Cymene and Dominic discuss possible raccoon attacks that may have occurred near Marfa, the cuteness and moxie of javelinas, and the worst table service in Texas. Then (14:13) we welcome long time CENHS co-conspirator Kairn Klieman, from the University of Houston’s History Department, to the podcast. Kairn talks about her dissertation research, which challenged western and Bantu assumptions about the primordialism of pygmies. Then she shares how living in Houston as an Africanist inspired her current research on the history of oil in Africa. We talk about the straight line between slave economies and extractive economies, the challenges of doing critical pedagogy of fossil fuels in a town dominated by oilmen and whether there is glamour to be found in the oil & gas industry.

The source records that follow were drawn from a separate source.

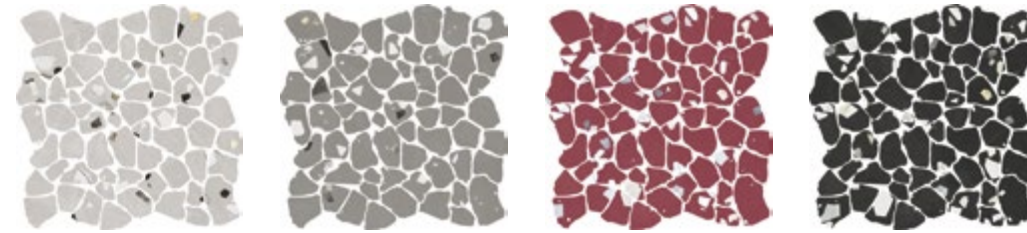

CALCE

CENERE

PORPORA

GRAFITE

EN 14411:2012 ANNEX G GROUP BIa UGL

PAVIMENTO	RIVESTIMENTO	RESIDENZIALE	TRAFFICO LEGGERO	R9	BCRA	DCOF
Floor coverings Bodenbeläge Sol	Wall coverings Wandbeläge Faïence	Residential areas Wohngebiete Zones résidentielles	Light traffic areas Geringe Begehungsfrequenz Zones à trafic léger		DRY: > 0,40 WET: > 0,40	WET: ≥ 0.42

V2
Piastrille con lieve variazione di tono e disegno
Tiles with slight shade and aspect variation
Fliesen mit leicht unterschiedlichen Tonalitäten und Muster
Carreaux avec faible différence de nuance et structure

V3 DECO
Piastrille con media variazione di tono e disegno
Tiles with moderate shade and aspect variation
Fliesen mit gemäßig unterschiedlichen Tonalitäten und Muster
Carreaux avec faible différence de nuance et structure

Formato Size Format Format	Articolo Item Artikel Article	■ Naturale/Rettificato Matte/Rectified Matt/Rektifiziert Matt/Rectifié	* Naturale/Burattato Matte/Tumbled Matt/Getrommelt Matt/Buriné	Scatole			Pallet			Spessore Thickness Stärke Epaisseur
				PZ/SC Pcs/Box Stück/Ktn Pcs/Boîte	MQ/SC Sqm/Box Qm/Ktn M²/Boîte	KG/SC Kg/Box Kg/Ktn Kg/Boîte	COLLI Boxes Kartons Boîtes	MQ Sqm Qm M²	KG Kg Kg Kg	
 90x90 - 36"x36"	Calce Cenero Porpora Grafite	AC901R AC903R AC905R AC907R		2	1,62	36,6	20	32,4	742	10 mm
 DECO 90x90 - 36"x36"	Calce Cenero Porpora Grafite	ACS901R ACS903R ACS905R ACS907R		2	1,62	36,6	20	32,4	742	10 mm
 60x120 - 24"x48"	Calce Cenero Porpora Grafite	AC621R AC623R AC625R AC627R		2	1,44	32	24	34,56	778	10 mm
 60x60 - 24"x24"	Calce Cenero Porpora Grafite	AC601R AC603R AC605R AC607R		4	1,44	31,5	30	43,2	955	10 mm
 DECO 60x60 - 24"x24"	Calce Cenero Porpora Grafite	ACS601R ACS603R ACS605R ACS607R		4	1,44	31,5	30	43,2	955	10 mm
 30x60 - 12"x24"	Calce Cenero Porpora Grafite	AC361R AC363R AC365R AC367R		6	1,08	23,5	40	43,2	950	10 mm
 MOSAICO 7,3x2,7 - 3"x1" Fuga Larga	Calce Cenero Porpora Grafite	AC1MS1 AC3MS1 AC5MS1 AC7MS1								
in fogli 30x30 da 40 pezzi con fughe di diverse dimensioni - in 30x30 - 12"x12" sheets made up of 40 pieces with joints of different sizes 40 Stück auf Blatt 30x30 mit unterschiedlicher Fugengröße - sur feuille tramée de 30x30 de 40 pièces avec joints de différentes tailles										
 PALLADIANA	Calce Cenero Porpora Grafite		AC1MS2 AC3MS2 AC5MS2 AC7MS2	Sheets 11	0,99		20			
in fogli 30x30 - in 30x30 - 12"x12" - auf Blatt 30x30 - sur feuille tramée de 30x30										
 7,5x60 - 3"x24" Battiscopa - Bullnose Sockel - Plinthe	Calce Cenero Porpora Grafite		ACB601R ACB603R ACB605R ACB607R	22	ML 13,2		22

We cover the relationship between oil, Africa and the Middle East, as well as what “following the oil” reveals about international politics. We interrogate the “resource curse” argument in light of African modernity but also explore what that curse looks like in Houston, Texas and the United States. Kairn talks about her current efforts to educate young people going into the energy industry as to oil’s complex ethics and impacts in the hopes of sparking culture change toward better self-analysis and self-criticism. Are attitudes inside the fossil fuel industry regarding climate change beginning to shift? Listen on and find out!